- Born: 1966 (age 59–60) Cape Town
- Citizenship: South Africa
- Education: University of Cape Town (MFA)
- Occupations: etcher and printmake

= Christine Dixie =

South African printmaker

Christine Dixie (born 1966) is a South African printmaker.

== Background ==
Born in Cape Town, Dixie received her BFA from the University of the Witwatersrand; following this she attended the University of Cape Town for graduate school, receiving both her post-graduate degree and her MFA from that institution in 1993. She works primarily as an etcher and printmaker, and has produced numerous large-scale installations. Her 2009 installation work The Binding, consisting of six sculptures, six altars, six etchings, and two digital prints, was purchased in 2010 by the National Museum of African Art. The museum also owns copies of her 2000 mezzotint Hide: to withhold or withdraw from sight, her 2001 work Unravel, and her 2007 work Even in the Long Descent I-V Her work may also be found in the collections of the New York Public Library, the Johannesburg Art Museum, and the Isiko National Art Museum.
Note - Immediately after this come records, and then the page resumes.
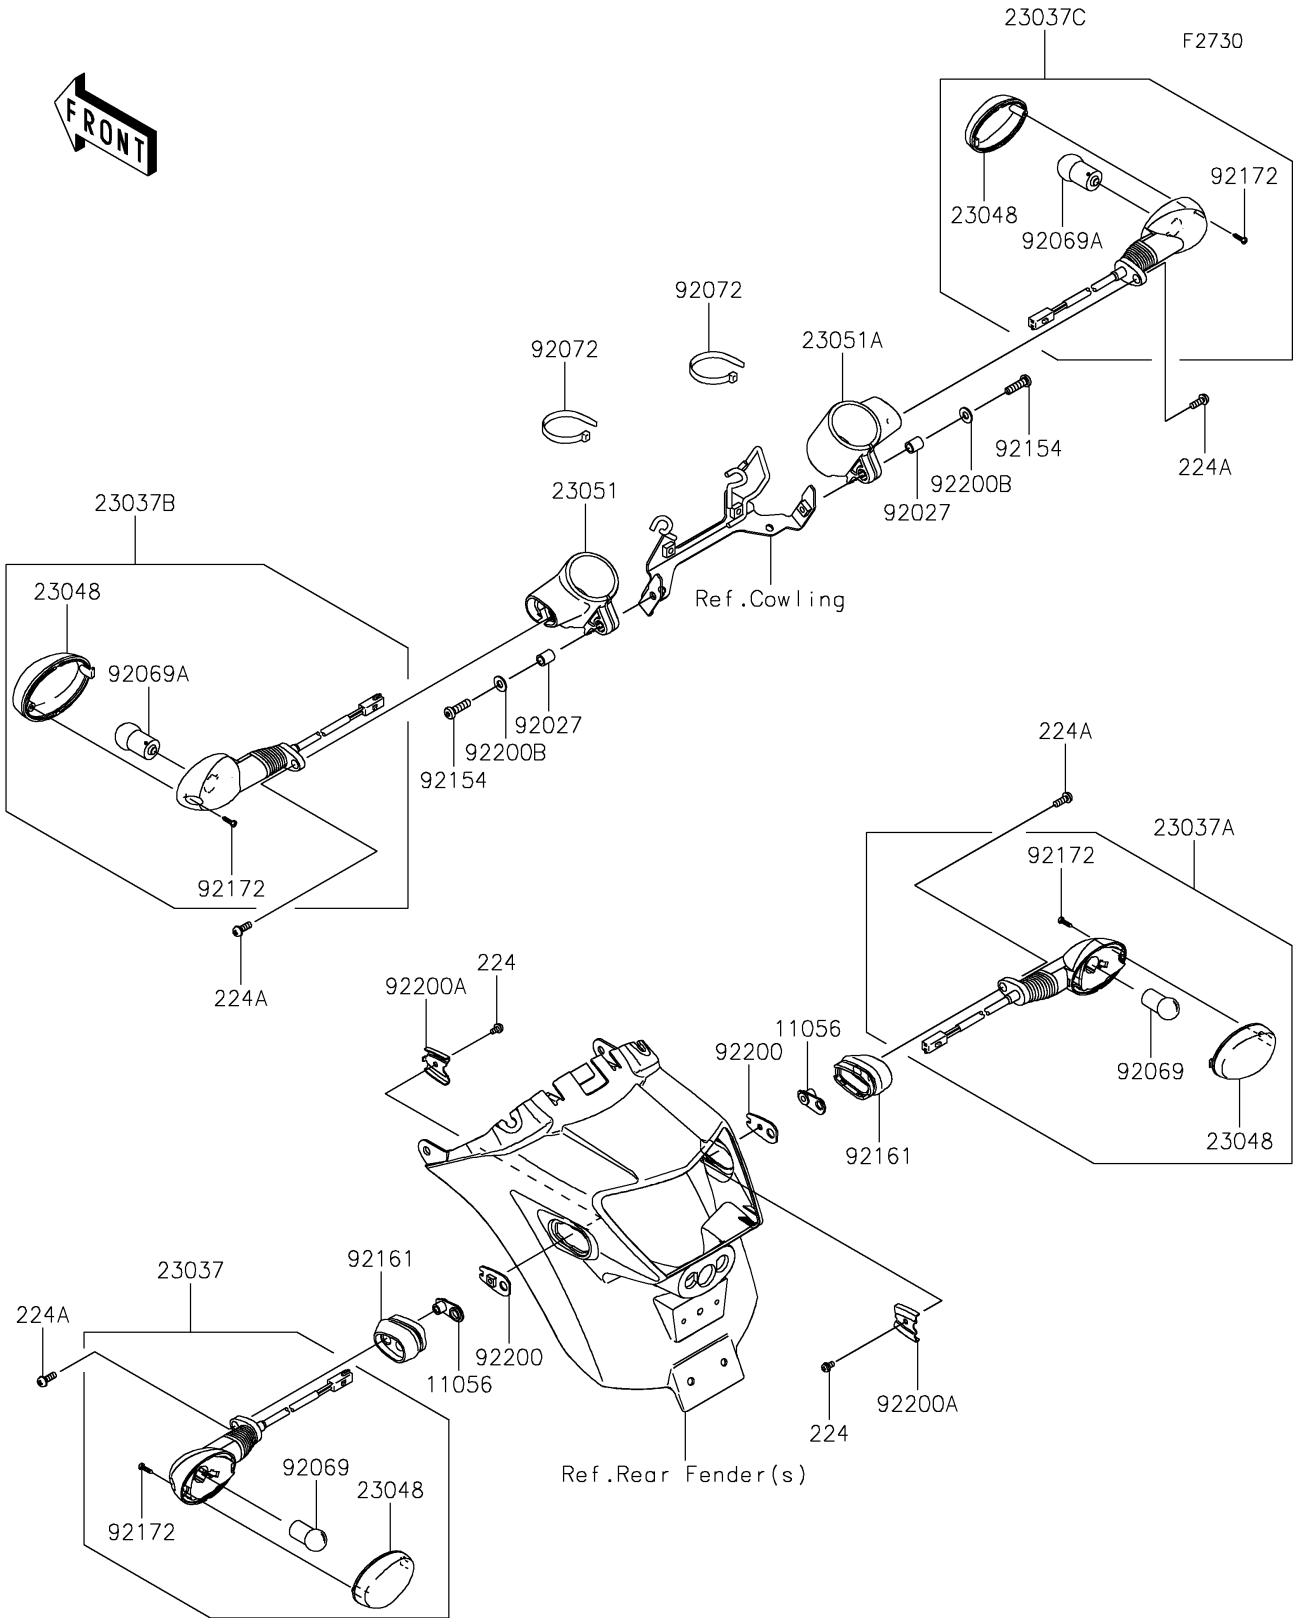

2018 VULCAN® S ABS CAFE PARTS DIAGRAM

Turn Signals

2018 VULCAN® S ABS CAFE PARTS LIST

Turn Signals

ITEM NAME	PART NUMBER	QUANTITY
BRACKET,6MM (Ref # 11056)	11056-4156	2
SCREW-PAN-WP-CROS,4X8 (Ref # 224)	224AB0408	2
SCREW-PAN-WP-CROS,6X14 (Ref # 224A)	224AB0614	4
LAMP-ASSY-SIGNAL,RR,LH (Ref # 23037)	23037-0117	1
LAMP-ASSY-SIGNAL,RR,RH (Ref # 23037A)	23037-0118	1
LAMP-ASSY-SIGNAL,FR,LH (Ref # 23037B)	23037-0314	1
LAMP-ASSY-SIGNAL,FR,RH (Ref # 23037C)	23037-0315	1
LENS-SIGNAL LAMP (Ref # 23048)	23048-0018	4
BRACKET-SIGNAL LAMP,LH (Ref # 23051)	23051-0042	1
BRACKET-SIGNAL LAMP,RH (Ref # 23051A)	23051-0043	1
COLLAR,6.8X10X12 (Ref # 92027)	92027-162	2
BULB,12V 10W (Ref # 92069)	92069-0024	2
BULB,12V 10W (Ref # 92069A)	92069-0076	2
BAND,L=152 (Ref # 92072)	92072-3874	2
BOLT,SOCKET,6X22 (Ref # 92154)	92154-0402	2
DAMPER,SIGNAL LAMP (Ref # 92161)	92161-1680	2
SCREW,TAPPING,2.9X13 (Ref # 92172)	92172-0343	4
WASHER,SIGNAL LAMP (Ref # 92200)	92200-0164	2
WASHER,SIGNAL LAMP (Ref # 92200A)	92200-0165	2
WASHER,6.5X14X1.2 (Ref # 92200B)	92200-0964	2

Dixie has taught at Rhodes University in Grahamstown during her career. In 2012, she was one of 15 artists awarded an Artist Research Fellowship by the Smithsonian Institution. Her project, entitled The Heroic Explorer and Angelic Girl, focused on 19th-century gender stereotypes and used materials at the National Portrait Gallery and Museum of American History.

Bevan de Wet, a Johannesburg-based print-maker, is one of her former students.